Producers of “Fast and Furious” do open audition for models. This should be interesting.

From the Careful What You Wish For Department, the producers of “Fast and Furious” are launching a modeling contest. Send them your sexiest photo, and the winner will receive their choice of a professional modeling session or $5,000. Sounds awesome, right? A bunch of hardbodies will surely put their talents on display in the hopes of getting their big break, right?

Well, yes, but remember the age in which we live; the one where everyone thinks they’re entitled to be famous, and no one has friends who love them enough to stop them from doing something potentially humiliating that will live on the Internet forever and ever. We browsed through a gaggle of the contestants in the “Fast and Furious” contest, and sure enough, there are both smoking hot candidates and girls who have a wildly exaggerated sense of self. This does not mean that we’re saying the women in this latter category are ugly. (Well, some of them are.) In fact, most of the girls who have submitted photos are very attractive, but that alone does not make them model material. Odds are, the woman who wins this contest is already a professional model. That’s how competitive this business is.

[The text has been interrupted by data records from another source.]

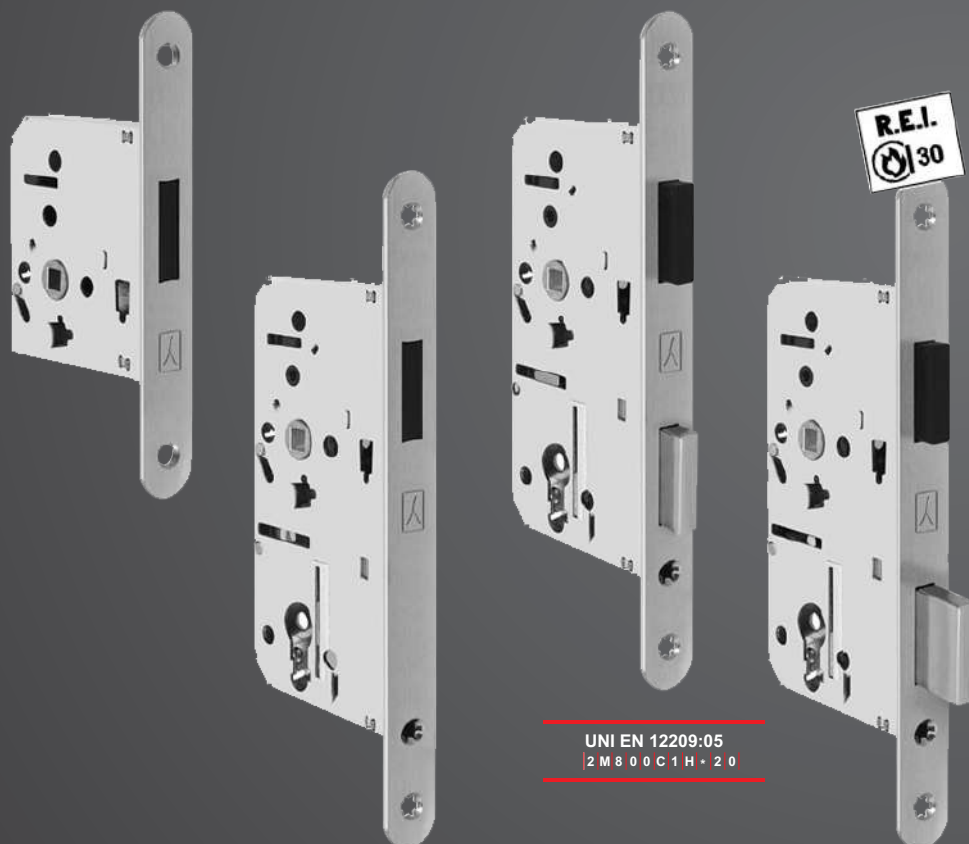

ADVANTAGES

- Silence and fluidity during opening and closing cycle of the door
- Design: the side of the door is completely smooth
- Corrosion resistance
- Safety for children: no risks of crushing
- Reliability: only a few moving elements
- No maintenance required
- The widest choice of finishing on the market
- Front plate width: 18, 20 and 24 mm
- Backset: 50, 55, 60 and 65 mm
- Completely compatible with Bonaiti and Hafi handles

B-KLASS

Me rastin e 15 vjetorit të krijimit të braves se parë magnetike Bonaiti, B-one, një gamë e re e bravave magnetike është krijuar sipas standardit DIN. 4 modelet e propozuara - një version i zvogëluar i kalimit, vetëm versioni i shulave, një ose dy versione me kthesën kryesore - janë një zgjedhje unike në treg. Mundësia për të pasur dimensione të ndryshme të pllakës së përparme dhe opsione të prapavijës. Brava e parë magnetike me pllaka të përparme çeliku inox. Brava e parë magnetike e provuar sipas UNI EN 12209.

AVANTAZHET

- Lirshmeri dhe asnje zhurmë gjate hapjes dhe mbylljes se deres
- Dizajni: ana e deres eshte plotesisht e lemuar
- Rezistente ndaj korrozionit
- Siguria per femijet: asnje rrezik nga sulmuesit
- Siguria: vetem disa elemente levizes
- Nuk ka nevoje per mirembajtje
- Zgjedhja me e gjere ne treg
- Gjerësia e pllakës së përparme: 18, 20 dhe 24 mm
- Pjesa e prapme: 50, 55, 60 dhe 65 mm
- Pershtatet plotesisht me gamen e dorezave te Bonaiti-t

UNI EN 12209:05
2 M 8 0 0 C 1 H • 2 0

UNI EN 12209:05
1 M 8 0 0 C - H 0 2 0

UNI EN 12209:05
3 M 8 1 0 C 2 H • 2 0
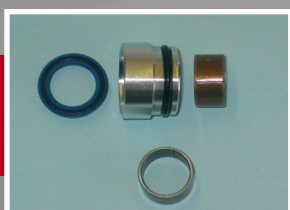

Bush Cylinder Head

23

Yamaha		
Model	Years	Art. nr.
YZ80/YZ85	1993-	110231000101
YZ125/YZ250	1995-	110231200101
YZ250X	2016-	110231200101
YZ250F	2001-	110231200101
YZ250FX	2015-	110231200101
YZ400F	1999-1999	110231200101
YZ426F	2000-2002	110231200101
YZ450F	2003-	110231200101
YZ450FX	2016-	110231200101
WR250F	2001-	110231200101
WR400F	1998-2000	110231200101
WR426F	2001-2002	110231200101
WR450F	2003-	110231200101

Kawasaki		
Model	Years	Art. nr.
KX125/KX250	1995-2008	110231200101
KX250F	2004-2005	110231200101
KX450F	2006-2014	110231200101
KX500	1991-1994	110231200101

Honda		
Model	Years	Art. nr.
CR125R	1995-2007	110231200101
CR250R	1995-1996	110231200101
CRF450R	2009-2016	110231200101
CR500R	1995-2002	110231200101

Suzuki		
Model	Years	Art. nr.
RM250	2001-2003	110231200101
RM-Z250	2004-2006	110231200101

* as long as stock lasts
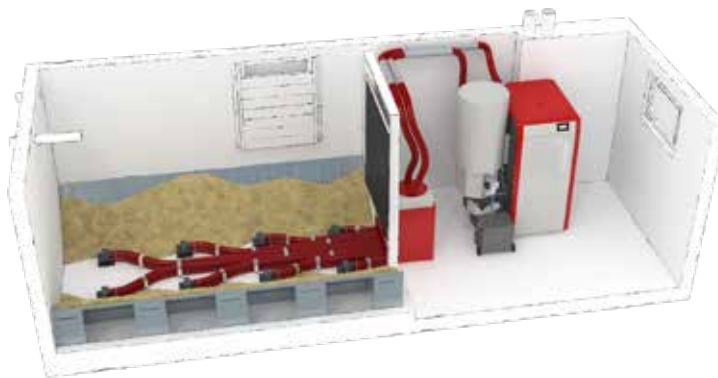

Die selbstständige
Glutherhaltung
spart Zündenergie

Die Entschungs-
platten sichern einen
ununterbrochenen,
reibunglosen Betrieb

PELLETS-LAGERLÖSUNG

Ausfallsicherheit durch intelligente Sondenüberwachung: Mit der Acht-Sonden-Sauglösung sind sie besonders flexibel aber auch Ausfallsicher. Da sie die Sonden beliebig platzieren können, passt sie in jeden Lagerraum. Sie können die Pellets sogar in zwei Räumen lagern. Die die intelligente Sondenüberwachung ermöglicht eine uneingeschränkte Saugleistung.
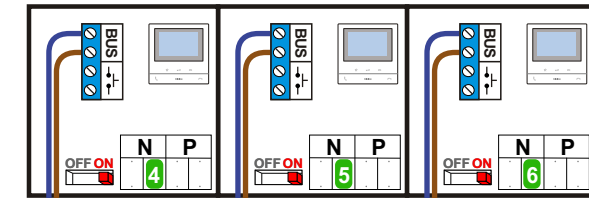

— = systeemkabel
Bij andere getwiste kabel 66% afstand!
Bij ongetwiste kabel max. 50 meter buitenpost naar videofoon.
UTP op aanvraag.

VideoVerdeler

De aders moeten echt OP de klemmen doorgelust worden!

TWEEDRAADS BUS

Bij monteren/demonteren spanning eraf voorkomt defecten!

DEURSTATION S-131V

Max. 100 meter systeemkabel tot laatste videofoon

Max. 100 meter systeemkabel tot laatste videofoon

Max. 50 meter

Max. 100 meter

Kabels naar Pagina 2

— = systeemkabel
 Bij andere getwiste kabel 66% afstand!
 Bij ongetwiste kabel max. 50 meter buitenpost naar videofoon.
 UTP op aanvraag.

VideoVerdeler

De aders moeten echt OP de klemmen doorgelust worden!

TWEEDRAADS BUS

Bij monteren/demonteren spanning eraf voorkomt defecten!

Kabels van Pagina 1

nelec
INTERCOM MADE EASY

N-Waarde	Huisnummer	Switch-ON
1	390	X
2	392	X
3	394	X
4	396	X
5	398	X
6	400	X
7	402	X
8	404	X
9	406	X
10	408	X
11	410	X
12	412	X
13	414	X
14	416	X
15	418	X
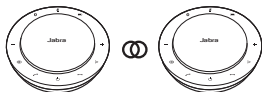

放在哪里

桌面

小型会议室

坐在 Jabra Speak 710 的前方时，
使用支架以便更好地控制音频的方向

大型会议室

立体声媒体

轻按以链接 2 米/6 英尺范围的两台 Jabra Speak 710

如何連接

使用藍牙或 USB 接收器

Jabra Speak 710 提供長達 15 小時的通話時間。
用 USB 線充電約需 3 小時。

如何使用

利用 Jabra Direct 軟體可對 Jabra Speak 710 進行個人化設定。
請至 jabra.com/direct 免費下載。

擺設位置

辦公桌

小會議室

若坐在 Jabra Speak 710 正前方，
使用腳架可讓聲音對得更準。

大會議室

立體聲媒體

輕按  可連結兩台相距 2 公尺/6 英尺以內的 Jabra Speak 710。

接続方法

Bluetooth または USB ドングルを使用する

Jabra Speak 710 の連続通話時間は、最大 15 時間です。
USB ケーブルを使用する充電には約 3 時間かかります。

使用方法

Jabra Direct ソフトウェアを使用して Jabra Speak 710 を
カスタマイズ jabra.com/direct から無料でダウンロード
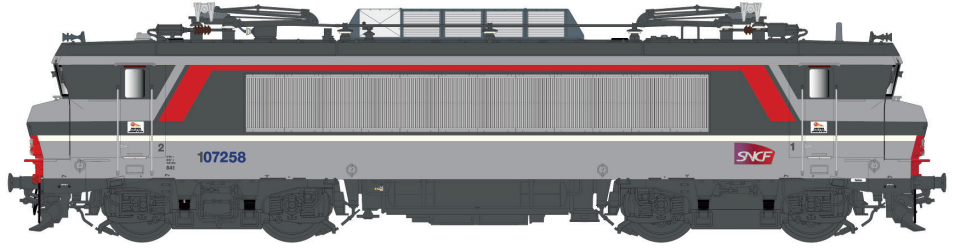

BB7200

11 208 / 11 708 / 11 208 S / 11 708 S
BB 107258 Corail +, logo carmillon
Dépot: Toulouse Ep.VI

Nouvelles références

News Items

11 202 / 11 702 / 11 202 S / 11 702 S
BB 407219 FRET, logo casquette
Dépot: Bordeaux Ep.V-VI

BB15000

10 479 / 10 979 / 10 479 S / 10 979 S
BB15019, livrée Corail+, petite cabine,
logo casquette, 160 Km/h.
Blason: MONTIGNY LES-METZ
Dépot: Strasbourg Ep.IV-V

BB22200

11 107 / 11 607 / 11 107 S / 11 607 S
BB22344 gris béton/orange, plaques
sigle Nouvelle
Dépot: Marseille Ep.IV-V

11 105 / 11 605 / 11 105 S / 11 605 S
BB22356 gris béton/orange,
plaques, grande cabine, 200km/h, Blason: LORIENT
Dépot: RENNES Ep.IV

14 / 15

Nouvelles références / Nieuwe referenties
New references / Neue Referenzen
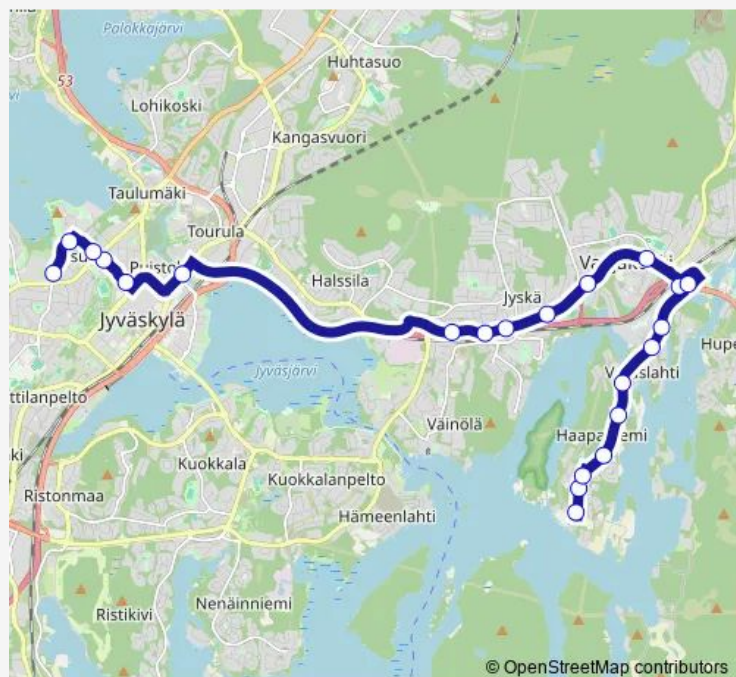

Keski-Suomen talo

Sepänkatu 2

Viitaniemi 2

Route schedule

Haapaniemi pääte pysäkki — Ammattikoulu 2

Monday 07:30-08:35

Tuesday 07:30-08:35

Wednesday 07:30-08:35

Thursday 07:30-08:35

Friday 07:30-08:35

Saturday —

Sunday —

Route info

Direction: Haapaniemi pääte pysäkki

Stops: 22

Trip Duration: 0 hour 35 min

1M — Haapaniemi-Viitaniemi

BusMaps

Direction

Ammattikoulu 2 — Haapaniemi pääte pysäkki

22 stops

[Open route schedule](#)

Ammattikoulu 2

Vellamonkatu 2

Still interested in submitting a picture? Excellent, but before you do, you would be wise to learn from the examples of the other women who have already entered, and will certainly lose. In an attempt at performing some kind of public service, we would like to offer a few tips to consider before shooting the picture that will change your life.*

– Wearing less isn’t necessarily sexier than wearing more. It’s all in how you frame the package.
– Pulling down your bikini top and covering your nipples with masking tape isn’t sexy. It’s creepy.
– Cover up the tattoos, or risk alienating three out of every four people on the planet.
– Choose your background and pose carefully. Megan Fox may have looked hot bent over the car engine in “Transformers,” but she’s Megan Fox, and you’re not.
– You can have the hottest body in the world, but it won’t matter if you aren’t pretty.
– Being hot is not the same as being pretty.
– If we can’t see your face, we’re going to assume you’re hiding something.
– Don’t pose on a stripper pole, or in a position that suggests Ron Jeremy is about to enter the room from stage left. This is a modeling contest, not a porno audition.
– Fishnets are for catching fish.
– Animal prints look better on animals.
– Don’t even think about chains.
– Hats? Really? Look at that girl up there. She is smoking hot. But what part of the picture are your eyes drawn to? Yep, the hat.
– Take off the sunglasses. If your eyes are red from being hung over or stoned, today is not the day to take the picture.
– No one likes stringy hair.
– For God’s sake, smile.

Still think you’ve got what it takes? Then go here and show off your stuff. Good luck, and may you post a picture that will make your children proud. Because they’ll see it one day, you know that, right?

*- It probably won’t change your life. At least not in a good way.